(PC) Sekona v. Custino
2:16-cv-00517-TLN-DMC
E.D. Cal.Feb 3, 2017Background
- Plaintiff, a California prisoner, alleges he was ordered on June 27, 2014 to move into cell 142 despite warning that the assigned cellmate (inmate Loveday) would harm him.
- Plaintiff claims the move was a setup by gang members and a porter, and that Loveday warned staff (including Custino) he would not get along with plaintiff; later Loveday allegedly attacked and severely injured plaintiff.
- Plaintiff names four defendants: Custino (floor officer who ordered the move), Angle (role unspecified), Snow (investigative officer who allegedly refused plaintiff’s witnesses at a disciplinary hearing), and Charon (senior hearing officer who denied counsel/staff assistance).
- The court screened the pro se § 1983 complaint under 28 U.S.C. § 1915A and found a cognizable Eighth Amendment failure-to-protect claim against Custino and a cognizable due-process claim against Snow.
- The court found plaintiff failed to state claims against Angle (insufficient connection/allegations) and Charon (no showing that counsel/staff assistance was required), dismissed those claims but granted leave to amend as to Angle; plaintiff has 30 days to file an amended complaint.
- The court denied plaintiff’s motion asking the U.S. Marshal to effect service of process.
Issues
| Issue | Plaintiff's Argument | Defendant's Argument | Held |
|---|---|---|---|
| Eighth Amendment failure to protect (Custino) | Custino ordered plaintiff into a cell with a known dangerous cellmate despite warnings, causing serious injury | (Not detailed in screening order) | Claim against Custino is cognizable; survives screening. |
| Due process at disciplinary hearing (Snow) | Snow refused to allow plaintiff to call witnesses at disciplinary hearing | (Not detailed) | Due-process claim against Snow is cognizable at screening. |
| Liability of Angle for cell move | Angle participated in or caused the move that led to assault | Complaint fails to allege any specific acts or causal link by Angle | Dismissed for failure to state a claim; leave to amend allowed. |
| Denial of counsel/staff assistance at hearing (Charon) | Charon refused staff assistance/counsel at disciplinary hearing | Charon contends procedures met or assistance not required | Dismissed: plaintiff did not allege illiteracy or complexity requiring assistance; defects appear incurable. |
Key Cases Cited
- McHenry v.
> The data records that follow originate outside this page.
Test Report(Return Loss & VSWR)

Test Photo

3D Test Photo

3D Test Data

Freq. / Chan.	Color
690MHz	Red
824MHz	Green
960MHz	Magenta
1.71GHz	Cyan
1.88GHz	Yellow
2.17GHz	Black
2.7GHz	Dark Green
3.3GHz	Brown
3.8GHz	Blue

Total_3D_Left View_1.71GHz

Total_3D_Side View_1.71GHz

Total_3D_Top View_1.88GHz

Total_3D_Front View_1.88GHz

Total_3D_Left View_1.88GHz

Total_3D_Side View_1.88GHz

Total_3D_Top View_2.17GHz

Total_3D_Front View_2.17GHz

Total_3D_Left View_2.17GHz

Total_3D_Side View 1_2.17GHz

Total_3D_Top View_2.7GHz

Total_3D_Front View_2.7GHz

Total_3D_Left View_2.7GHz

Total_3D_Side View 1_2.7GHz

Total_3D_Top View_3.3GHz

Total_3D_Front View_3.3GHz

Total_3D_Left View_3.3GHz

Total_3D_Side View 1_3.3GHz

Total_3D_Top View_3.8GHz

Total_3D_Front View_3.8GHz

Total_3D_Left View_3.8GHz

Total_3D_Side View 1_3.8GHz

Renne, 84 F.3d 1172 (9th Cir.) (Rule 8 requires short, plain statement; claims must be simple and direct)
- Kimes v. Stone, 84 F.3d 1121 (9th Cir.) (complaint gives defendant fair notice of claim and grounds)
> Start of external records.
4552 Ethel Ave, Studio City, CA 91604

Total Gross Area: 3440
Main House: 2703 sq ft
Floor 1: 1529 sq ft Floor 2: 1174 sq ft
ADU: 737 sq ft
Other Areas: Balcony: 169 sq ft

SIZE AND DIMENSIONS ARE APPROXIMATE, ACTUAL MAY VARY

- Monell v. Department of Social Services, 436 U.S. 658 (Supreme Court) (§ 1983 liability requires connection between policy/actor and deprivation)
- Rizzo v. Goode, 423 U.S. 362 (Supreme Court) (liability requires causal link between official action and constitutional deprivation)
- Johnson v. Duffy, 588 F.2d 740 (9th Cir.) (personal participation or omission needed for § 1983 liability)
- Ivey v. Board of Regents, 673 F.2d 266 (9th Cir.) (vague/conclusory allegations inadequate)
- Leer v. Murphy, 844 F.2d 628 (9th Cir.) (plaintiff must state specific facts linking each defendant to deprivation)
- Wolff v. McDonnell, 418 U.S. 539 (Supreme Court) (minimum due-process protections in prison disciplinary hearings)
- Walker v. Sumner, 14 F.3d 1415 (9th Cir.) (due process satisfied if Wolff’s minima met)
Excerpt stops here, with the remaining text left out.